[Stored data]

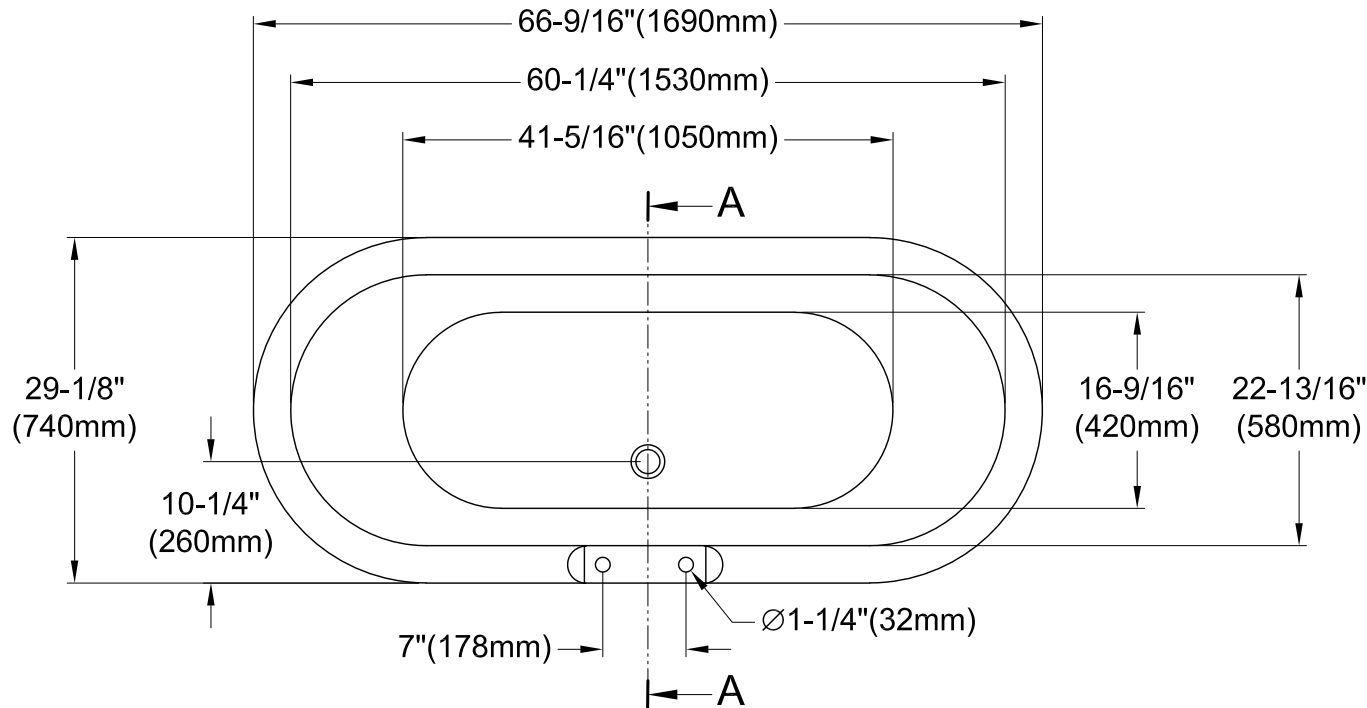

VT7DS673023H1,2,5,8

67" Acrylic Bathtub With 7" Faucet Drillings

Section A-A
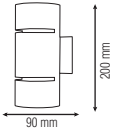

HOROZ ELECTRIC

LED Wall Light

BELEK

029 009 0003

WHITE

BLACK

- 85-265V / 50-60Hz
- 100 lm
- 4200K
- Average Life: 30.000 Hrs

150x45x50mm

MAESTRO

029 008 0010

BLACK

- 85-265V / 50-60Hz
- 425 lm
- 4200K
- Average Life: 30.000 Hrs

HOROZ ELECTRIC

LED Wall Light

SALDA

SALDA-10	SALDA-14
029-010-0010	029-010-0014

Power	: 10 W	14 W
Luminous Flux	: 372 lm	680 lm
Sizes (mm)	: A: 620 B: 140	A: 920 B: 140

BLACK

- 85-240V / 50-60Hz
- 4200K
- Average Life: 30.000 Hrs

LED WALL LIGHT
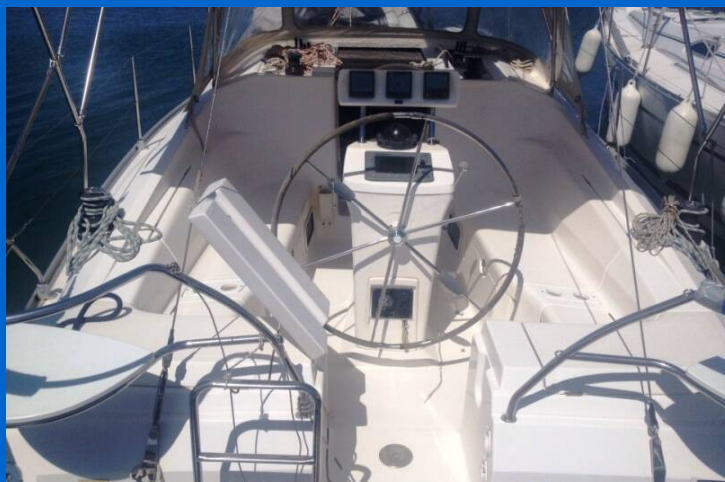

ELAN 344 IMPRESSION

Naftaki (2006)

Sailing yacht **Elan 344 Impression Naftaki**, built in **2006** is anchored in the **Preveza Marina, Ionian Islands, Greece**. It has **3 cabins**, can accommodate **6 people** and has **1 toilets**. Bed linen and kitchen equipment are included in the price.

◆ **PROMPT**
Pictures do not belong in the copy. Please reproduce the entries above exactly otherwise.

◆ **TASK SOLUTION**
VT7DS673023H1,2,5,8

67" Acrylic Bathtub With 7" Faucet Drillings

Section A-A

HOROZ ELECTRIC

LED Wall Light

BELEK

029 009 0003

WHITE

BLACK

- 85-265V / 50-60Hz
- 100 lm
- 4200K
- Average Life: 30.000 Hrs

150x45x50mm

MAESTRO

029 008 0010

BLACK

- 85-265V / 50-60Hz
- 425 lm
- 4200K
- Average Life: 30.000 Hrs

HOROZ ELECTRIC

LED Wall Light

SALDA

SALDA-10	SALDA-14
029-010-0010	029-010-0014

Power	: 10 W	14 W
Luminous Flux	: 372 lm	680 lm
Sizes (mm)	: A: 620 B: 140	A: 920 B: 140

BLACK

- 85-240V / 50-60Hz
- 4200K
- Average Life: 30.000 Hrs

LED WALL LIGHT

ELAN 344 IMPRESSION

Naftaki (2006)

Sailing yacht **Elan 344 Impression Naftaki**, built in **2006** is anchored in the **Preveza Marina, Ionian Islands, Greece**. It has **3 cabins**, can accommodate **6 people** and has **1 toilets**. Bed linen and kitchen equipment are included in the price.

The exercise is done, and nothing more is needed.